To finish the public events, on December 15th we organized a special lecture demonstration by Dr. Umayalpuram K Sivaraman, which included an espectacular demonstration of the virtuosism of this legend of the mridangam. The research collaboration that we have with this great musician is a great asset for CompMusic.

Overall, the three days in Chennai were very succesful. It was a great way to gather all the researchers working in CompMusic on Indian music.
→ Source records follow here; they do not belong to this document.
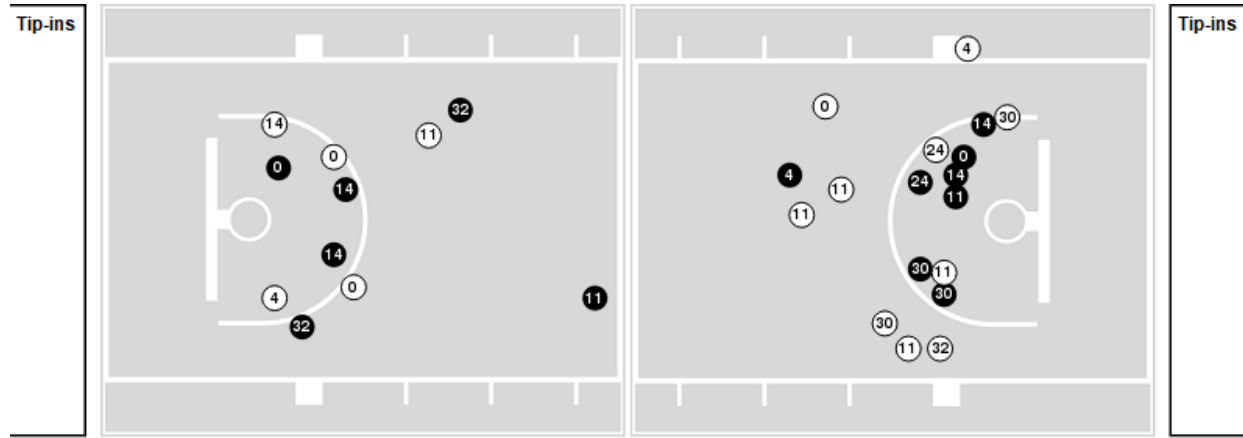

Blow Up Chart

● Made   ○ Missed   N - Player Number

West Virginia	M/A	%
Field Goals	21/66	32
2 Points	15/37	41
3 Points	6/29	21
Free Throws	10/12	83

West Virginia	M/A	%
Points in the Paint	28 (14 / 28)	50
Fast Break Points	2 (1/1)	100
Second Chance Points	7 (5/9)	56
Effective FG%	36

There are a lot of good collaborations between the different researchers and this event facilitated them even more. It was also very good the attendance we had of people from outside the project and I appreciated very much all their constructive feedback. In CompMusic we want to develop technologies that can be of use to music lovers and this event was a great way to interact with the real beneficiaries of our work, at least for the case of Carnatic music.